Requirement: Reproduce the records below exactly from their first line through the line containing "vidro** (diâmetro: 60cm laminas: 20x60cm e 20x70cm)", omitting all pictures.

Exercise data: Begin

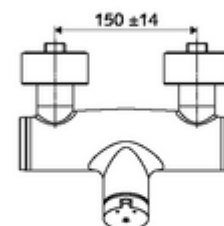

número de artículo: 01 611 06 99

Grifería de ducha adosada VITUS VD-SC-M / u Agua mezclada

Activación manual con proceso de cierre automático. Ajuste sencillo del tiempo de descarga. Conexión de ducha inferior

Volumen de suministro

- Mezclador de ducha a la vista con autocierre
  - Cartucho temporizado SC II con limitador de agua caliente
  - 2 válvulas antirretorno (EN 1717: EB)
  - Botón temporizado SC-M
- 2 conexiones en S y embellecedores (de profundidad ajustable)

Datos técnicos

- duración: 5 - 30 s ajustable
- Temperatura de funcionamiento máx.: 70 °C (80 °C para desinfección térmica)
- Conexión: 2x DN 15 G 1/2 RE
- Salida: DN 15 G 1/2 RE (abajo)
- Material: Carcasa Latón de acuerdo a la normativa de agua potable alemana
- Acabado: Cromo
- Certificados: PA-IX 38241/IB, Belgaqua
- Clase de ruido: I
- Clase de caudal: B

Datos de suministro

- Peso: 3,76 kg/Unidad
- Unidades de embalaje: 1

Artículos relacionados recomendados

Conjunto de conexión en S con válvula de cierre
Kit de ducha 900
Kit de ducha 680
Limitador de caudal LEED
Limitador de caudal BREEAM

Artículo No.: 23 775 00 99
Artículo No.: 29 207 06 99 o
Artículo No.: 29 208 06 99 o
Artículo No.: 29 239 00 99 o
Artículo No.: 29 240 00 99 o
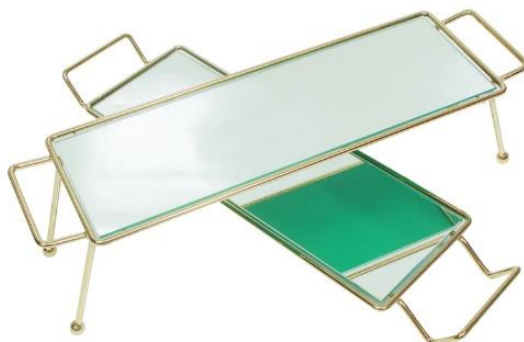

# *Dourado*

- 1051DOE** Roda Gigante **50** dourada **com espelho** (diâmetro: 50cm laminas: 20x50cm e 20x60cm)  
**1052DOE** Roda Gigante **60** dourada **com espelho** (diâmetro: 60cm laminas: 20x60cm e 20x70cm)  
**1051DOV** Roda Gigante **50** dourada **com vidro** (diâmetro: 50cm laminas: 20x50cm e 20x60cm)  
**1052DOV** Roda Gigante **60** dourada **com vidro** (diâmetro: 60cm laminas: 20x60cm e 20x70cm)

- 5675DO** Tábua em vidro com haste **P** dourado (20x50cm altura: 8cm)  
**5676DO** Tábua em vidro com haste **M** dourado (20x50cm altura: 18cm)  
**5677DO** Tábua em vidro com haste **G** dourado (20x50cm altura: 28cm)

- 1312DOV** Prateleira **baixa** dourada com vidro (22x8,5cm altura: 50cm)  
**1314DOV** Prateleira **alta** dourada com vidro (22x8,5cm altura: 80cm)

- 1060DOE** Bandeja **baixa** dourada com espelho (16x46cm altura: 4cm)  
**1061DOE** Bandeja **alta** dourada com espelho (16x46cm altura: 14cm)

**1809DO** Suporte Cones **16 lugares** dourado (46x28cm altura:43cm)  
(cones e saladeiras vendidos á parte )

- 2918** Saladeira **P dourada** com **haste P** (diâmetro: 22cm altura: 30cm)  
**2919** Saladeira **P dourada** com **haste M** (diâmetro: 22cm altura: 40cm)  
**2920** Saladeira **P dourada** com **haste G** (diâmetro: 22cm altura: 50cm)

Exercise data: End

Final answer:
número de artículo: 01 611 06 99

Grifería de ducha adosada VITUS VD-SC-M / u Agua mezclada

Activación manual con proceso de cierre automático. Ajuste sencillo del tiempo de descarga. Conexión de ducha inferior

Volumen de suministro

- Mezclador de ducha a la vista con autocierre
  - Cartucho temporizado SC II con limitador de agua caliente
  - 2 válvulas antirretorno (EN 1717: EB)
  - Botón temporizado SC-M
- 2 conexiones en S y embellecedores (de profundidad ajustable)

Datos técnicos

- duración: 5 - 30 s ajustable
- Temperatura de funcionamiento máx.: 70 °C (80 °C para desinfección térmica)
- Conexión: 2x DN 15 G 1/2 RE
- Salida: DN 15 G 1/2 RE (abajo)
- Material: Carcasa Latón de acuerdo a la normativa de agua potable alemana
- Acabado: Cromo
- Certificados: PA-IX 38241/IB, Belgaqua
- Clase de ruido: I
- Clase de caudal: B

Datos de suministro

- Peso: 3,76 kg/Unidad
- Unidades de embalaje: 1

Artículos relacionados recomendados

Conjunto de conexión en S con válvula de cierre
Kit de ducha 900
Kit de ducha 680
Limitador de caudal LEED
Limitador de caudal BREEAM

Artículo No.: 23 775 00 99
Artículo No.: 29 207 06 99 o
Artículo No.: 29 208 06 99 o
Artículo No.: 29 239 00 99 o
Artículo No.: 29 240 00 99 o

# *Dourado*

- 1051DOE** Roda Gigante **50** dourada **com espelho** (diâmetro: 50cm laminas: 20x50cm e 20x60cm)  
**1052DOE** Roda Gigante **60** dourada **com espelho** (diâmetro: 60cm laminas: 20x60cm e 20x70cm)  
**1051DOV** Roda Gigante **50** dourada **com vidro** (diâmetro: 50cm laminas: 20x50cm e 20x60cm)  
**1052DOV** Roda Gigante **60** dourada **com vidro** (diâmetro: 60cm laminas: 20x60cm e 20x70cm)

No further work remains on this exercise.